§ **What needs to be done**
Restate word for word the lines below that run from the one holding "Google Map View" through the one holding "Girevole con cuscinetto", inclusive. Pictures don't belong in the copy.

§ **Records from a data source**
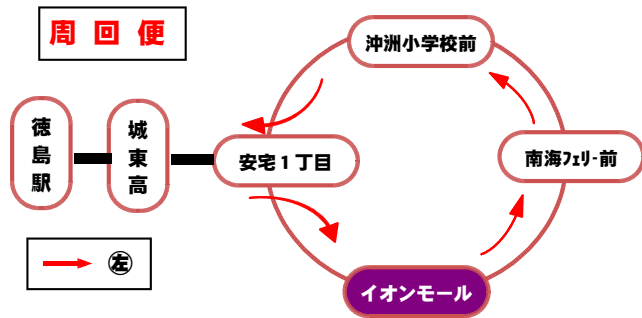

	平日		土・日・祝日
行先	南海フェリー	行先	
時間	周回便	時間	
6		6	
7		7	
8		8	
9	㊦52	9	平日のみ運行
10		10	
11	㊦52	11	
12		12	
13	㊦52	13	
14		14	
15	㊦52	15	
16		16	
17	㊦59	17	
18	㊦57	18	
19		19	
20		20	

阿波おどり期間中(8月12日～15日)、年末年始(12月29日～1月3日)は土・日・祝日ダイヤで運行いたします。
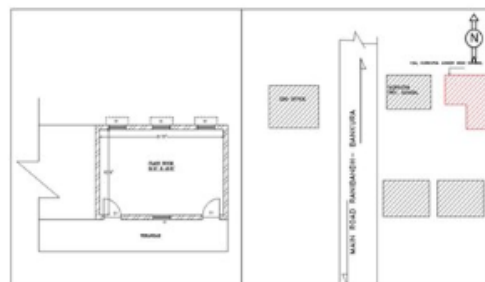

নির্বাচক নিবন্ধন আধিকারিকের স্বাক্ষর

Nazri Naksha

Google Map View

Polling Station Building Front View

Polling Station Front View

Cad View

Key MAP View

বিধানসভা নির্বাচনকেন্দ্রের নং, নাম : 249-রানীবাধ
ভাগ নং, নাম : 1-শালবনী(সম্যক)
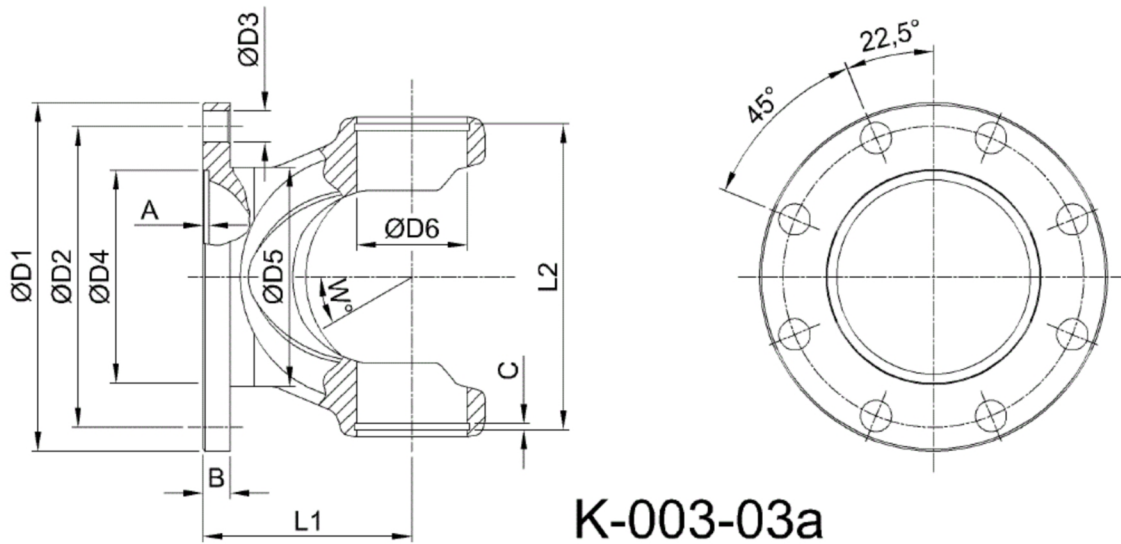

Artikelnummer identification code	<b>0030752-1</b>	Fotos und Bilder dienen nur der Veranschaulichung. Abweichungen in Farbe und Form sind möglich! Photos and figures are for illustration onla. Colour and design ist not guaranteed.
Gabelflansch DIN 120/8-8 / L1=46		flange yoke DIN 120/8-8 / L1=46
für KR 30x81,8		for UJ 30x81,8

**K-003-03a**

Gewicht: 1,020 kg

D1	120,00	L1	46,00	A	2,50	W	18°
D2	101,50			B	8,00		
D3	8,00						
D4	75,00						
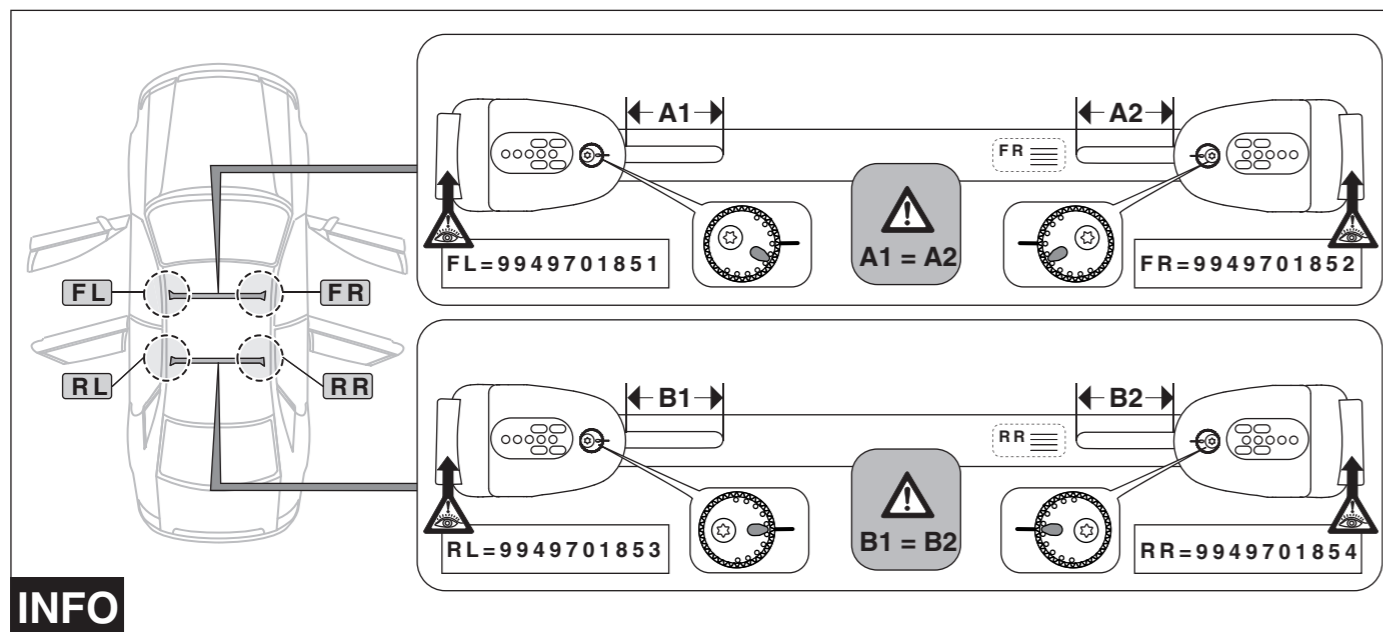

Atera SIGNO

Mercedes Benz
B-Klasse (W247) 02/2019-
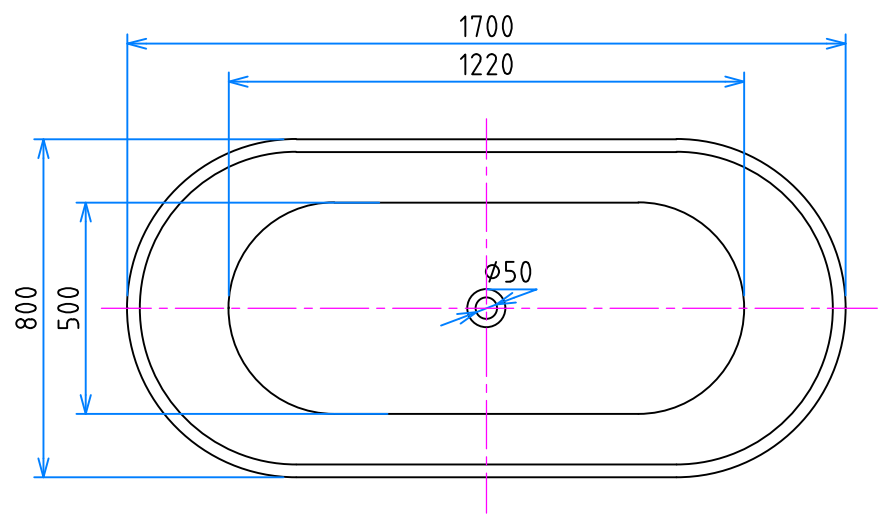

1 2 3 4 5 6

A

A

B

B

C

C

D

D

Model: 6100-1700
Size: 1700*800*580mm

1 2 3 4 5 6
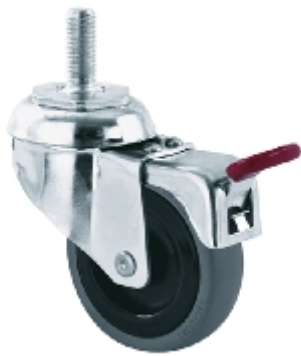

Ruota piroettante con bloccaggio della ruota:

340b 33G050b ZGC

Dati tecnici

Diametro ruota		50 mm
Larghezza battistrada		18 mm
Altezza complessiva		70 mm
Disassamento		24 mm
Misura perno filettato		M10x25 mm
Portata		40 kg
Peso		229 g

Descrizione tecnica

Girevole con cuscinetto a doppio giro di sfere

Lamiera d'acciaio

Zinco passivato

Ruote

Solido blu-grigio gomma del pneumatico

Cuscinetto solido

Shore a 80

Centro ruota in plastica nera
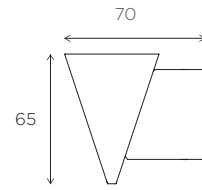

BPM Lighting®
ALESSANDRO

PHOTOMETRY - FOTOMETRÍA

You can find all photometry data in our web.

Puedes encontrar todas las fotometrías en nuestra web.
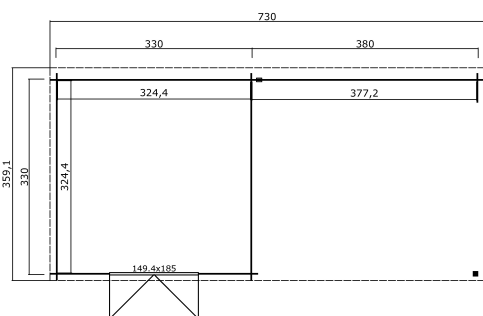

28  
mm

2

0

**VERPACKUNG: 1 PALETTE(N)**

440 x 118 x 60 cm  
933 kg

EAN 4743329248291

**DIMENSIONEN**

Fläche	22.85 m <sup>2</sup>
Dachabmessungen	7.30 x 3.59 m
Rauminhalt m <sup>3</sup>	≈ 48.19 m <sup>3</sup>
Seitenwandhöhe	≈ 2.00 m
Firsthöhe	≈ 2.22 m
Vordach	≈ 10 cm

**FENSTER & TÜR**

1 x Doppeltür (SGC*)	158.8 x 195.7 cm
----------------------	------------------

\*SGC: Classic mit Einwachverglasung

**DACH UND FUSSBODEN**

Dachbretter	15x90 mm
Dachfläche	26.50 m <sup>2</sup>
Dachwinkel	≈ 4 °

§ **Task output**
Google Map View

Polling Station Building Front View

Polling Station Front View

Cad View

Key MAP View

বিধানসভা নির্বাচনকেন্দ্রের নং, নাম : 249-রানীবাধ
ভাগ নং, নাম : 1-শালবনী(সম্যক)

Artikelnummer identification code	<b>0030752-1</b>	Fotos und Bilder dienen nur der Veranschaulichung. Abweichungen in Farbe und Form sind möglich! Photos and figures are for illustration onla. Colour and design ist not guaranteed.
Gabelflansch DIN 120/8-8 / L1=46		flange yoke DIN 120/8-8 / L1=46
für KR 30x81,8		for UJ 30x81,8

**K-003-03a**

Gewicht: 1,020 kg

D1	120,00	L1	46,00	A	2,50	W	18°
D2	101,50			B	8,00		
D3	8,00						
D4	75,00						

Atera SIGNO

Mercedes Benz
B-Klasse (W247) 02/2019-

1 2 3 4 5 6

A

A

B

B

C

C

D

D

Model: 6100-1700
Size: 1700*800*580mm

1 2 3 4 5 6

Ruota piroettante con bloccaggio della ruota:

340b 33G050b ZGC

Dati tecnici

Diametro ruota		50 mm
Larghezza battistrada		18 mm
Altezza complessiva		70 mm
Disassamento		24 mm
Misura perno filettato		M10x25 mm
Portata		40 kg
Peso		229 g

Descrizione tecnica

Girevole con cuscinetto a doppio giro di sfere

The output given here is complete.